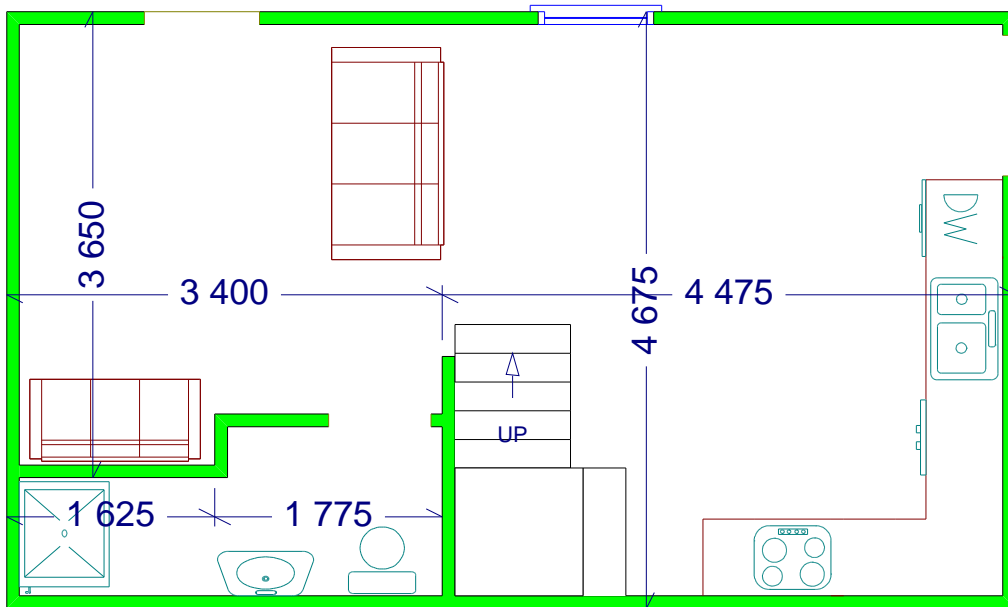

## Wreckers Ground Floor

### LIVING AREA

36.8 sq m

## Wreckers 1st Floor

### LIVING AREA

35.9 sq m
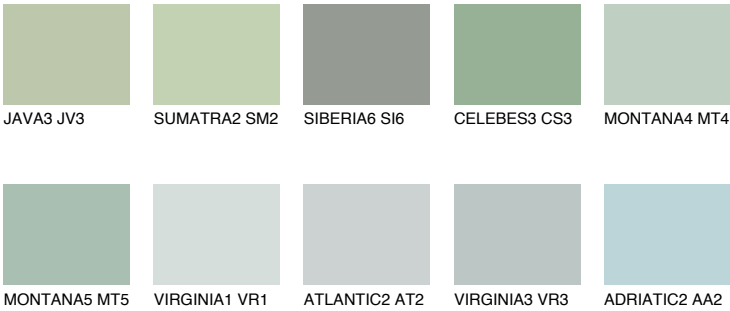

COLOUR DETAILS

CELEBES2 CS2

50% TSR 47%

Matching colours

COLOURS

INTENSE

For more information on plasters and paints, go to www.ceresit.ee

*The presented colours refer to plasters and paints offered by Ceresit. Due to the use of digital techniques, the presented colours might not represent the original ones, thus they cannot be considered as a reliable colour presentation. We recommend checking the authentic colour samples.
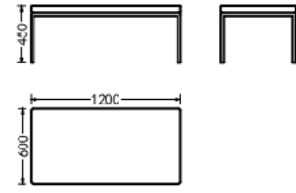

Elite Meeting
EL1-C2812
Size: 2800W x 1200D x 750H mm

EL1-C3212
Size: 3200W x 1200D x 750H mm

Elite Meeting

Elite Meeting
EL2-C2010.
Size: 2000W x 1000D x 753H mm

EL2-C2412
Size: 2400W x 1200D x 753H mm

Elite Meeting
EL2-C2812
Size: 2800W x 1200D x 753H mm

EL2-C3212
Size: 3200W x 1200D x 753H mm

Elite Meeting

Elite系列

Elite Sofa

Elite Sofa
EL1-C810 SF
Size: 810W x 890D x 750H mm

Elite Sofa
EL1-C1390SF
Size: 1390W x 890D x 750H mm

Elite Sofa
EL1-C1970SF
Size: 1970W x 890D x 750H mm

Elite Tea table

Elite Cafe table
EL-C0606
Size: 600W x 600D x 500H mm

Elite Cafe table
EL-C1206
Size: 1200W x 600D x 450H mm

Elite Material

Veneer
山紋胡桃木木皮
WA-11 Walnut

Matt Lacquer
黑咖色啞光漆
SH-M01 Black Coffee
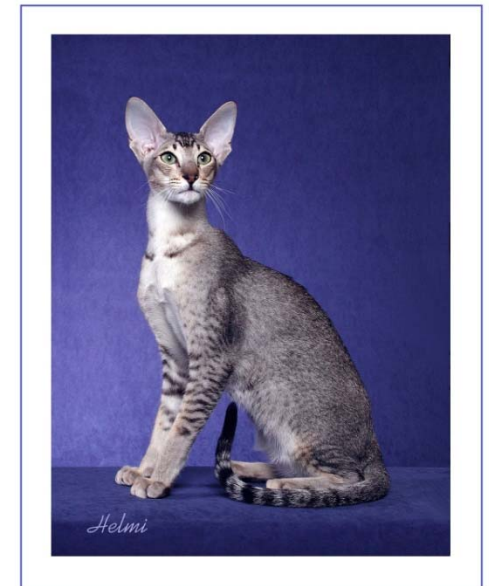

Siamese Breed Group Seminar

Siamese General Description

Siamese

Siamese

—Young Seal Point—
SIAMESE

Balinese General Description

Balinese

Balinese

Oriental Shorthair General Description

Oriental Shorthair

Oriental Shorthair

— Young Silver Ticked Tabby —
ORIENTAL SHORTHAIR

Oriental Longhair General Description

Oriental Longhair

Head Structure

Heads

Ears-Too Flared

Ears-Too High

Ears—Kitten to Adult

Ears-Kitten to Adult

Ears-Kitten to Adult

Eye Shape

Eyes-Too Small

Eyes-Too Round
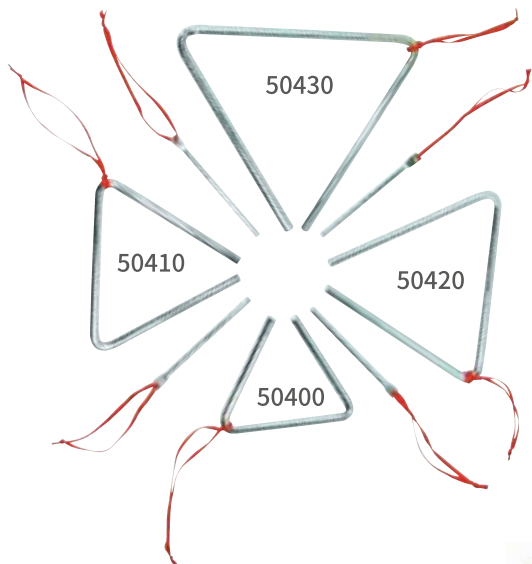

50400 Triangle 4"	50410 Triangle 5"
	10x10x0.7 cm	12.3x12.3x0.7 cm
	35x23x23 cm	54x33x33 cm
	100 pcs	100 pcs
	50420 Triangle 6"	50430 Triangle 7"
	14.5x16.5x0.7 cm	16.8x17x0.7 cm
	40x35x35 cm	55x23x45 cm
	100 pcs	100 pcs
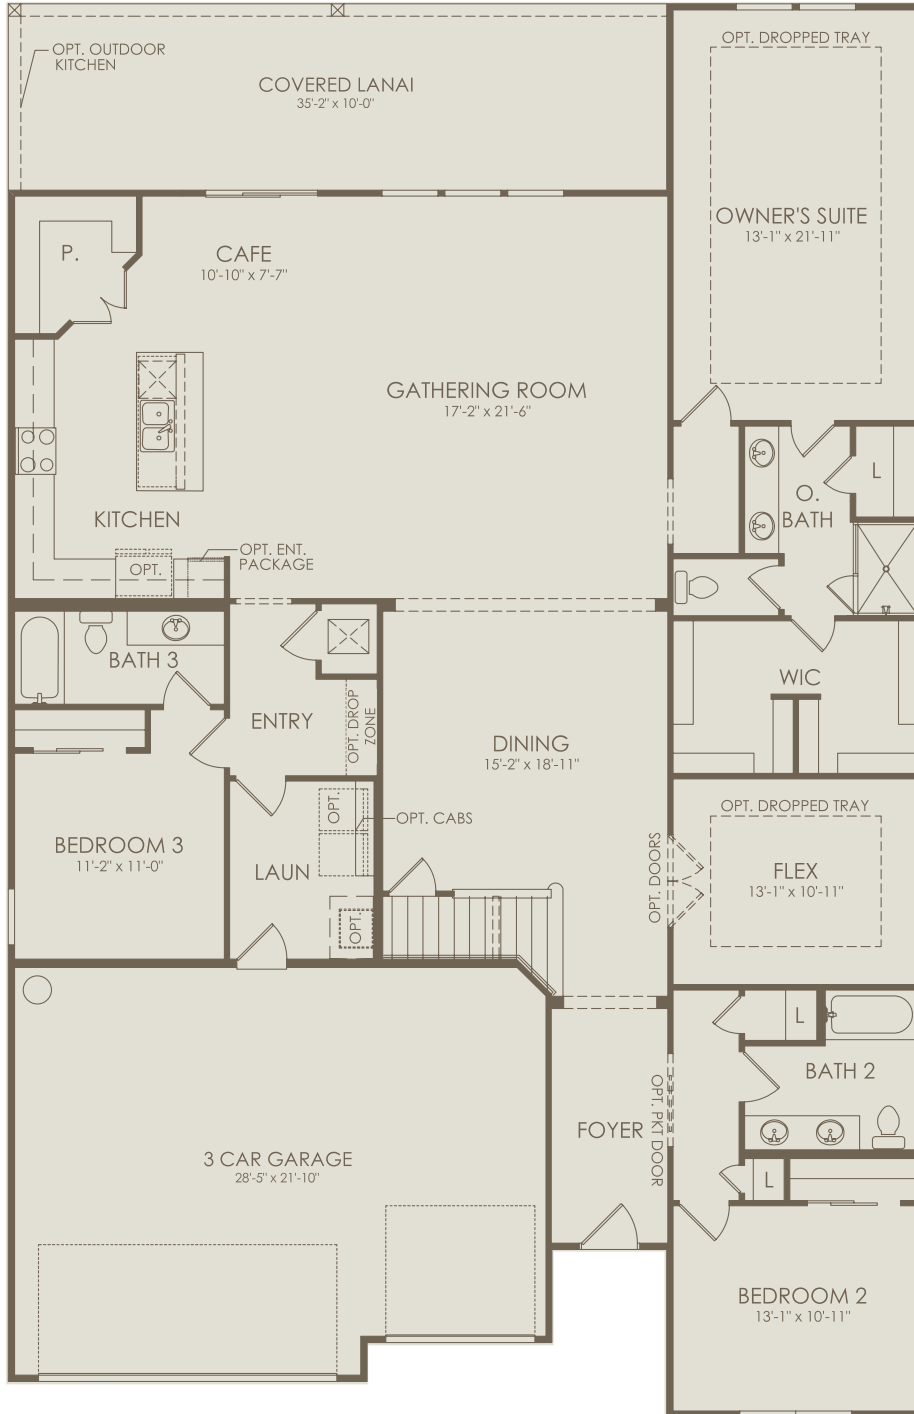

Floor 1

Options not selected include : Shower at Bath 3, Bedroom 7, Pocket Sliding Glass Door at Gathering Room, Kitchen Layout 4, Owner's Bath 3, Owner's Bath 6, Sliding Glass Door at Owner's Suite

For this application, the company does not warrant or assume any legal liability or responsibility for the accuracy, completeness, or usefulness of any information, apparatus, product, or process disclosed. Base floor plan subject to change based on elevation selected.

Floor 2

Options not selected include : Shower at Bath 3, Bedroom 7, Pocket Sliding Glass Door at Gathering Room, Kitchen Layout 4, Owner's Bath 3, Owner's Bath 6, Sliding Glass Door at Owner's Suite

For this application, the company does not warrant or assume any legal liability or responsibility for the accuracy, completeness, or usefulness of any information, apparatus, product, or process disclosed. Base floor plan subject to change based on elevation selected.
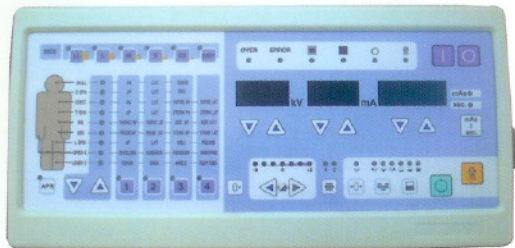

X-RAY GENERATOR

FEATURES

- Constant potential High Frequency Inverter system
- Easy operation with digital LED display
- Shortest exposure time of 1msec (0.001 sec)
- Loading factors (kV, mA, time) maintains accuracy
- Pre-programmed protection for any X-ray tube
- Integrated service mode assists in calibration
- APR : 216 anatomical programs can be freely programmed
- Self-diagnostics circuitry with error message indication
- Automatic line voltage compensation
- Meets EMI/EMC requirements
- Control console for wall mounting type
- Optional :
  - Power storage unit with batteries allows generator at 32kW from standard nominal 200 ~ 240V AC, 50/60Hz., 12Amp. outlets
  - Control console for free standing type

CONTROL CONSOLE

SPECIFICATIONS

- Power Rating : 32kW
- Control Console : Digital LED display
- kV Range : 40 ~ 125 kV (1kV step)
- mA Selection : 10, 12.5, 16, 20, 25, 32, 40, 50, 63, 80, 100, 125, 160, 200, 250, 320 and 400mA
- Timer Range : 1msec ~ 10sec (38 steps)
- mAs Range : 0.1 - 630mAs
- kV Accuracy : $\pm 7\%$
- mA Accuracy : $\pm 10\%$
- Timer Accuracy : $\pm 3\%$
- APR : 216 Anatomical programs
- Automatic Line Voltage Compensation : $\pm 10\%$
- Self-diagnostic Function Provided
- Power Requirements : 200/220/240V AC, 1 ϕ , 50/60Hz.
- Dimensions and Weight of X-Ray Generator
  - Control Console : Approx. 400W X 200L X 36H mm
    Approx. 2kg
  - Generator : Approx. 620W X 511L X 373H mm
    Approx. 62kg
- Options : A.E.C. (Automatic Exposure Control)
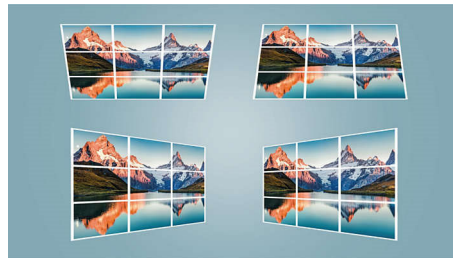

Extended image correction

Position the product where you prefer! Keystone correction and digital zoom technology will enable you to fine-tune the image to your exact need and place the

NPX122/INT

projector at almost any distance. With the noise reduction technology, adjust your image for lifelike videos or cinema motion pictures
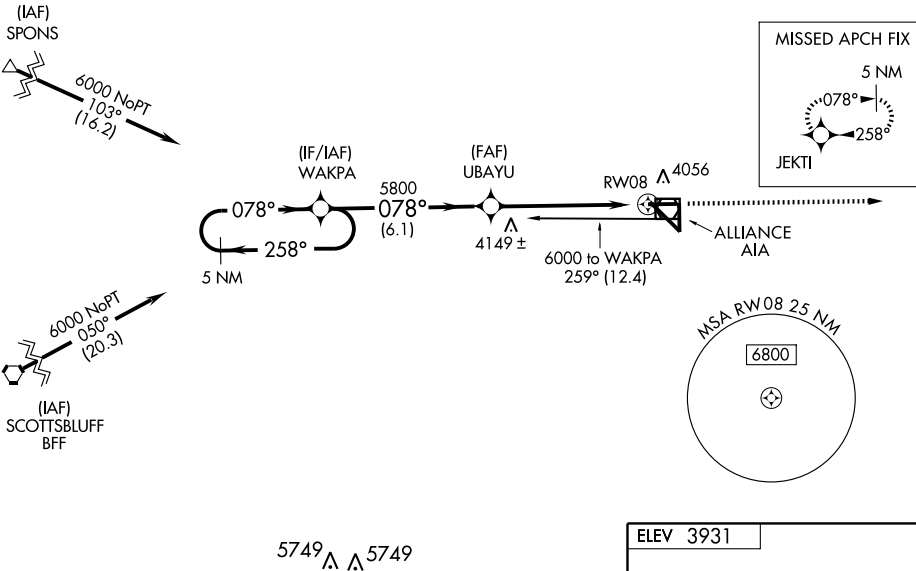

# RNAV (GPS) RWY 8

ALLIANCE MUNI (AIA)

APP CRS <b>078°</b>	Rwy Idg <b>6200</b>
	TDZE <b>3931</b>
	Apt Elev <b>3931</b>

**▲** If local altimeter setting not received, use Scottsbluff altimeter setting and increase all MDAs 100 feet. DME/DME RNP-0.3 NA. VDP NA when using Scottsbluff altimeter setting.

MISSED APPROACH: Climb to 5700 direct JEKTI and hold.

ASOS <b>135.075</b>	DENVER CENTER <b>127.95 338.2</b>	UNICOM <b>123.0 (CTAF) 0</b>
------------------------	--------------------------------------	---------------------------------

Procedure NA for arrivals at BFF VORTAC via V524 northwest bound.

NC-2, 22 OCT 2009 to 19 NOV 2009

NC-2, 22 OCT 2009 to 19 NOV 2009

CATEGORY	A	B	C	D
RNAV MDA	4400-1	469 (500-1)	4400-1½ 469 (500-1½)	4400-1½ 469 (500-1½)
CIRCLING	4400-1	469 (500-1)	4400-1½ 509 (600-1½)	4500-2 569 (600-2)
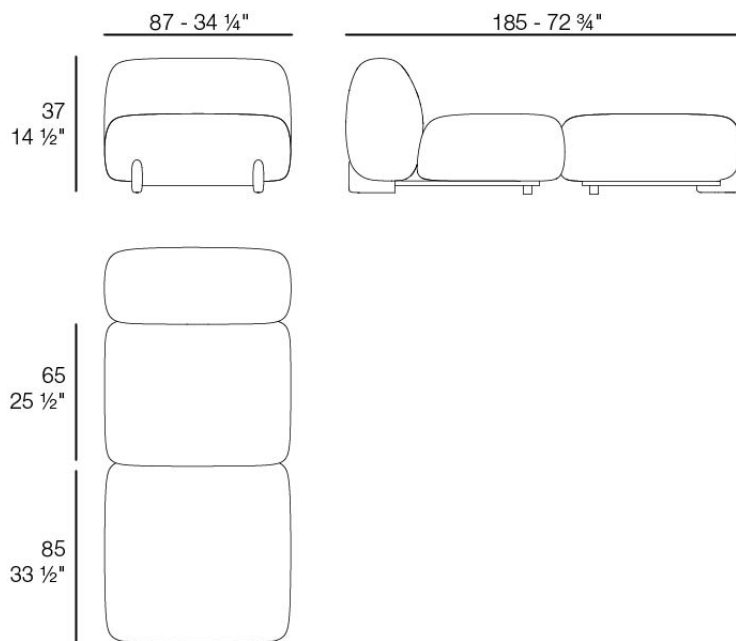

Info

Description

This modular sofa combines the durability of flexible polyurethane foam with the natural beauty of iroko wood.

Its design integrates top-quality solutions and materials, especially conceived to withstand outdoor conditions without compromising warmth and comfort.

Weight: 33 Kg

MILOS Divan
MILOS Divan
Ref. 70030
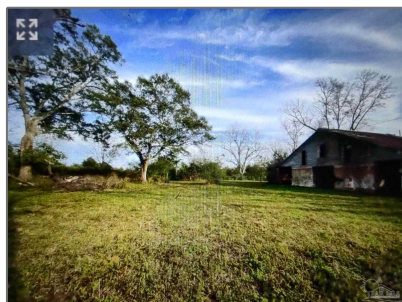

Land For Sale

- 6904 George Leonard Rd, Milton, Florida 32570

Basic [Details](#)

Property Type: **Land**

Listing Type: **For Sale**

Listing ID: **649195**

Price: **\$325,000**

Lot Area: **860,746 Sqft**

Features

Fence:

Fenced, Fenced Pasture

Address [Map](#)

Country: **US**

State: **FL**

County: **Santa Rosa**

City: **Milton**
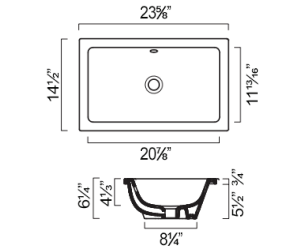

ZERO 60 SEMI-FITTED WASHBASIN

- W23 5/8" x D14 1/2" x H3 1/3" / W60cm x D37cm x H8.5cm
- Install semi-fitted
- With overflow

MODEL	DESCRIPTION	PRICE
6037VE	Washbasin	$730.00
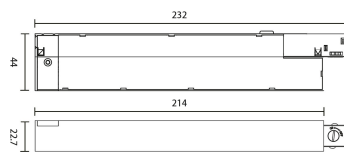

DALI POWER SUPPLY 48V TRACK

AC-PS200W

REQUIREMENT AC-N131 DALI CONNECTOR
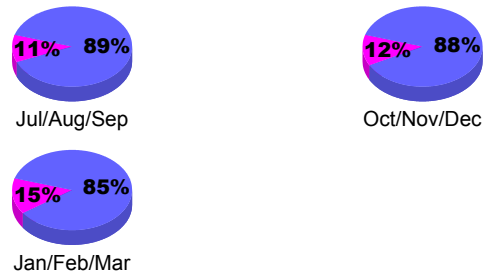

Gender Comparison 2009-2010
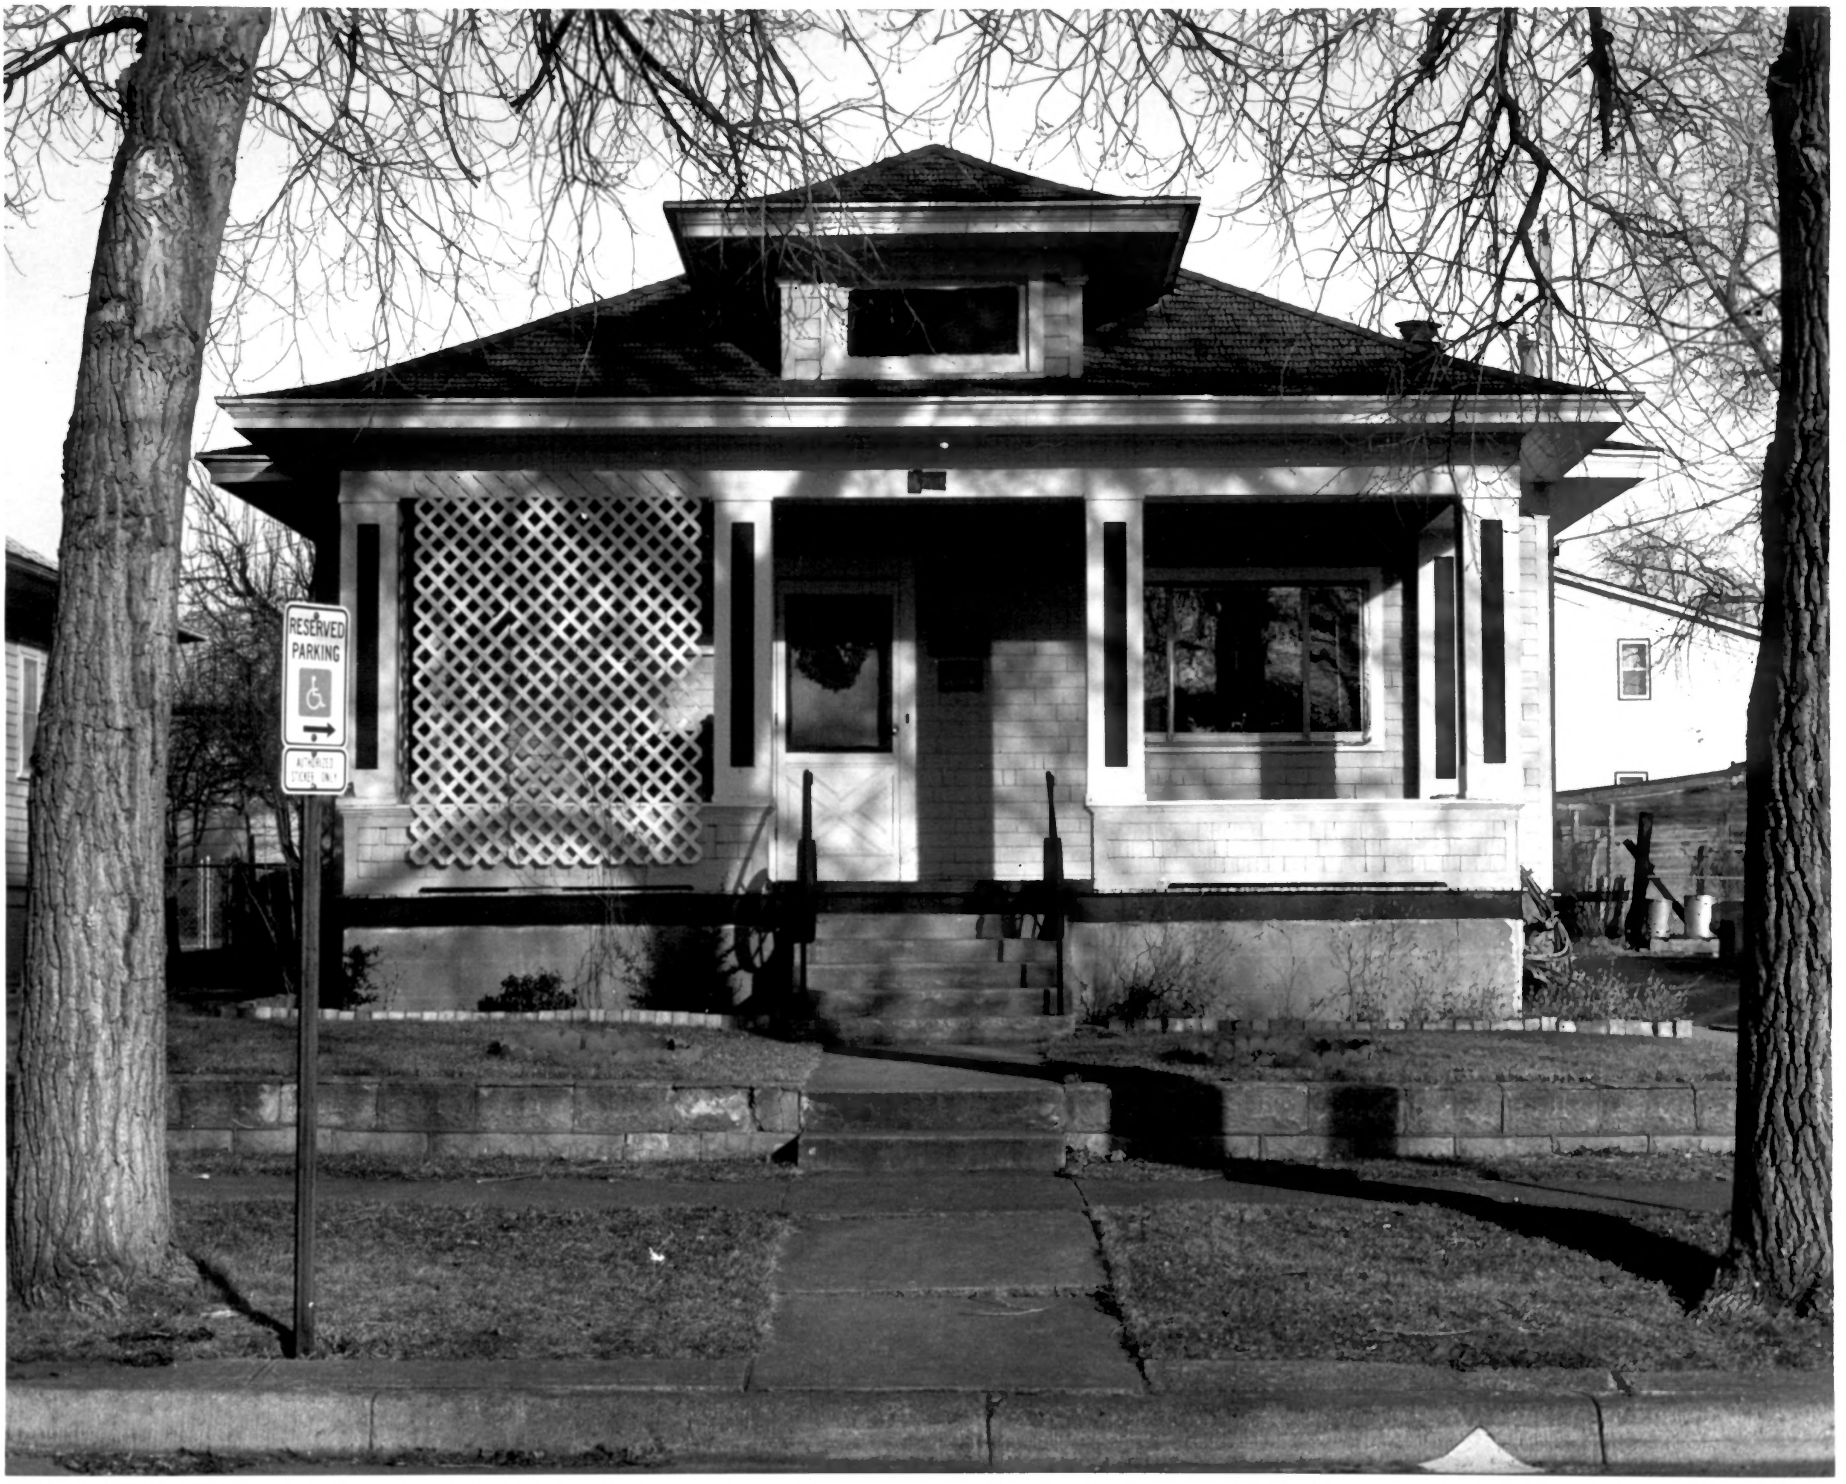

RESERVED
PARKING
↓
AT-RISKS
CHECK-ONLY

• Task description
Please output the listing above exactly from its first line through the line with "For more information", both included, and nothing beyond that line. Omit pictures.

• Expected output
## Wreckers Ground Floor

### LIVING AREA

36.8 sq m

## Wreckers 1st Floor

### LIVING AREA

35.9 sq m

COLOUR DETAILS

CELEBES2 CS2

50% TSR 47%

Matching colours

COLOURS

INTENSE

For more information on plasters and paints, go to www.ceresit.ee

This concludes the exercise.